*Dataset content:*

--

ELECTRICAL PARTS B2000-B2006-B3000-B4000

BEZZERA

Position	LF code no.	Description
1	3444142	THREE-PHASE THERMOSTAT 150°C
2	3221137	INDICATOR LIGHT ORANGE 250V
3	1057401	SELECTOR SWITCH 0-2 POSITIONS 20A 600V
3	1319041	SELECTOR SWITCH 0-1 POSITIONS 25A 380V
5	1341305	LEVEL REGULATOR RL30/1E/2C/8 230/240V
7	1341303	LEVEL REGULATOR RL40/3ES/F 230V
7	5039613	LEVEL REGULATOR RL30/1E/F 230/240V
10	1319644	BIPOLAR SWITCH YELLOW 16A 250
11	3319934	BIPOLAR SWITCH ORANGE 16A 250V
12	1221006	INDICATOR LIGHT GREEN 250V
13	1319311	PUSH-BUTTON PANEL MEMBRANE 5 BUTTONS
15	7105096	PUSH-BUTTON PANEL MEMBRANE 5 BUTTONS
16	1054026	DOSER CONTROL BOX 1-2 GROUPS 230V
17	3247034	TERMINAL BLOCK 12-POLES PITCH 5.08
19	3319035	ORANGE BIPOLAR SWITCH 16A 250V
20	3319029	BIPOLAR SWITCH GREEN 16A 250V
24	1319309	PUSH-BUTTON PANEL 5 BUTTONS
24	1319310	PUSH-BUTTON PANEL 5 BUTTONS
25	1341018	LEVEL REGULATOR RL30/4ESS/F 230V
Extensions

--

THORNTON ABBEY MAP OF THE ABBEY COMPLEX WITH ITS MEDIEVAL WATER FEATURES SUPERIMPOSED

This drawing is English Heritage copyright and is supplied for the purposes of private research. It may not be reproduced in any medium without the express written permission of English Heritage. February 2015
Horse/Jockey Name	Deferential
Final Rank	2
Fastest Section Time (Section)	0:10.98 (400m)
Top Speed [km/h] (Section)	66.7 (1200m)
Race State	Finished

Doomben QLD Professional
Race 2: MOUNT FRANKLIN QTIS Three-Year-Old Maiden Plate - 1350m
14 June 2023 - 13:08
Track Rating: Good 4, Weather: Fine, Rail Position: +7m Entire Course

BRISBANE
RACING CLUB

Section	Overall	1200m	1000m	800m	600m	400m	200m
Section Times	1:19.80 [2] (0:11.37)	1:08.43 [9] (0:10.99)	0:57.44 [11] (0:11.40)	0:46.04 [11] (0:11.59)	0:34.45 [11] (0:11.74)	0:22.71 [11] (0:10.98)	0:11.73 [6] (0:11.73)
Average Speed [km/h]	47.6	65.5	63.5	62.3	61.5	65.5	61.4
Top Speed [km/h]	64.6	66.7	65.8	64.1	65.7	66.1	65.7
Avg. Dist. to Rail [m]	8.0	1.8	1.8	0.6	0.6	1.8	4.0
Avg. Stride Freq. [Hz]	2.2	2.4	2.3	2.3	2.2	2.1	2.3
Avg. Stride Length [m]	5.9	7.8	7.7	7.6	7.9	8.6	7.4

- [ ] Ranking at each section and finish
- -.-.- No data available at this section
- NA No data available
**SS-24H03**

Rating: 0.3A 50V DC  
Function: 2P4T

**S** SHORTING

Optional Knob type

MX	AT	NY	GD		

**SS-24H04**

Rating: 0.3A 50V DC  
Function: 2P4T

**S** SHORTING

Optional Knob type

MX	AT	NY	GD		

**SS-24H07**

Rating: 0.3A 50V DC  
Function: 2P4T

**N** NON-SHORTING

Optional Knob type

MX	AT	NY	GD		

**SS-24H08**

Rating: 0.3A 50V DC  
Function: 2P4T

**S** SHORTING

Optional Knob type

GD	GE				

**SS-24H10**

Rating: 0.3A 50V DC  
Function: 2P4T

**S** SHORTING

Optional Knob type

--

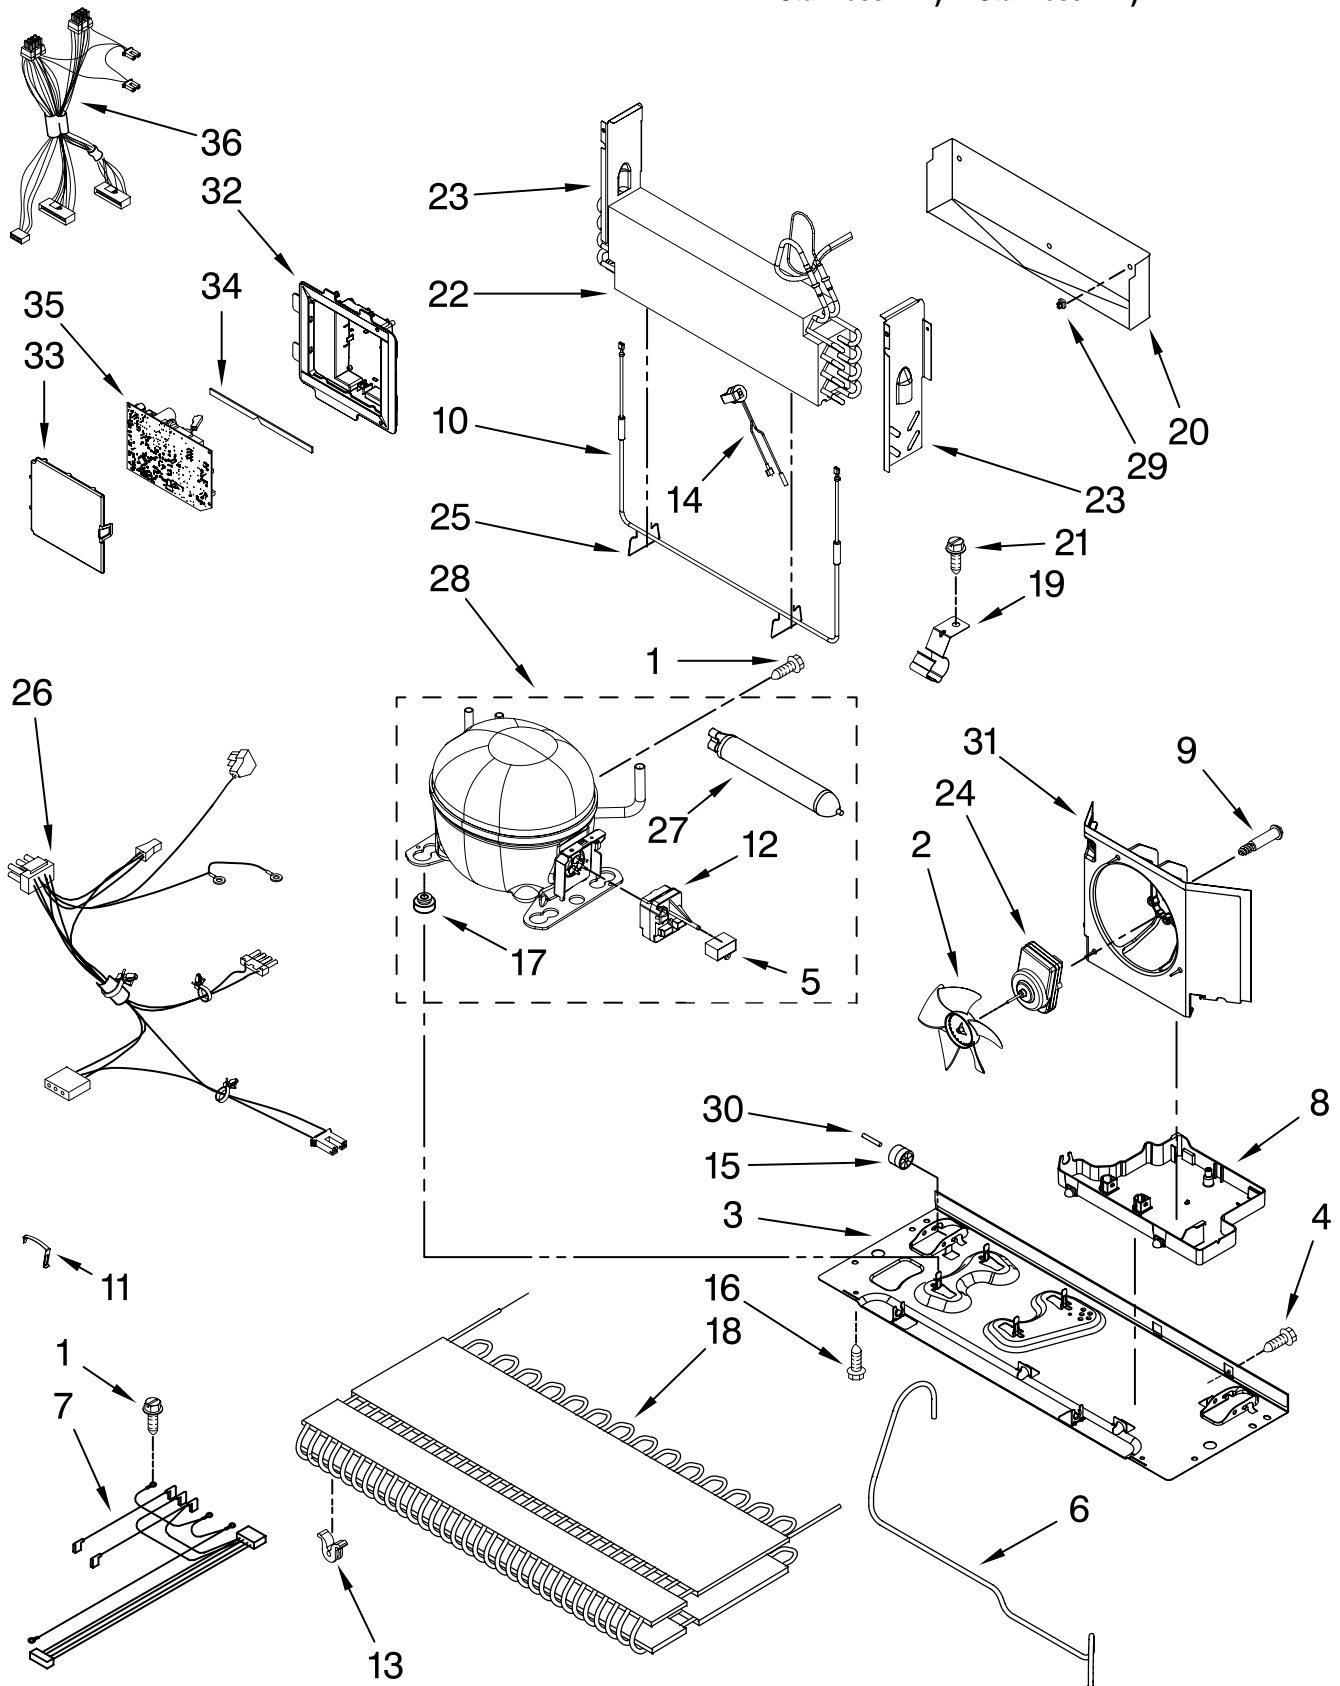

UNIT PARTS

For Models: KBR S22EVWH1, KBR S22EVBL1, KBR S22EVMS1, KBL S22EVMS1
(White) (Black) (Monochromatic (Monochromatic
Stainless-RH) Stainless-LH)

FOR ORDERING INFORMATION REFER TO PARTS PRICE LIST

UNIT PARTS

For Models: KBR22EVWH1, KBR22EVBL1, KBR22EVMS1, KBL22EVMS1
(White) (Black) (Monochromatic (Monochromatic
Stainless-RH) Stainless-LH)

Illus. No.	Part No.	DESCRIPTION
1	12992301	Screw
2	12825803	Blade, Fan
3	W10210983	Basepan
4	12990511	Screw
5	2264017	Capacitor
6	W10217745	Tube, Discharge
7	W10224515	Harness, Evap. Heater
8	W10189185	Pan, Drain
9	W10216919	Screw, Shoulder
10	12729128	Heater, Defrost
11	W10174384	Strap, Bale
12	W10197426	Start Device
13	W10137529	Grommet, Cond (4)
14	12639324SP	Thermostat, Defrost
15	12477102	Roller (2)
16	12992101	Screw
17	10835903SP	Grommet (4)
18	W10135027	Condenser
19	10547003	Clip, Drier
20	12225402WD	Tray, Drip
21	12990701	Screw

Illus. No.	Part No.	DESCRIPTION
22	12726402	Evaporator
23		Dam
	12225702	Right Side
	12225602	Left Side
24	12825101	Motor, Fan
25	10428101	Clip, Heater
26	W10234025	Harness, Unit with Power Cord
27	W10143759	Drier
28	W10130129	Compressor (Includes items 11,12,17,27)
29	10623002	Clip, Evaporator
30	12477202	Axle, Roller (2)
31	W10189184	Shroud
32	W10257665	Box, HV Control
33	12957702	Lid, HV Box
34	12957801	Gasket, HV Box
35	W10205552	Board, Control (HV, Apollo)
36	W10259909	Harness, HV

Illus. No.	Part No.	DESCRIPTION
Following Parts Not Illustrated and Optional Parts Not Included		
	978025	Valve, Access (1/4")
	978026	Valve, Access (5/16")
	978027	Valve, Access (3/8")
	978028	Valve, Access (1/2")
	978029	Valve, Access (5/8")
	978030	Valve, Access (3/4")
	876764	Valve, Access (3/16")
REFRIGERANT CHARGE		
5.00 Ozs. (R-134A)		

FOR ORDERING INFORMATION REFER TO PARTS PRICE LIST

--

*Required work:* From the data, collect all lines where the string "Side" appears.

*Solution:*
	12225702	Right Side
	12225602	Left Side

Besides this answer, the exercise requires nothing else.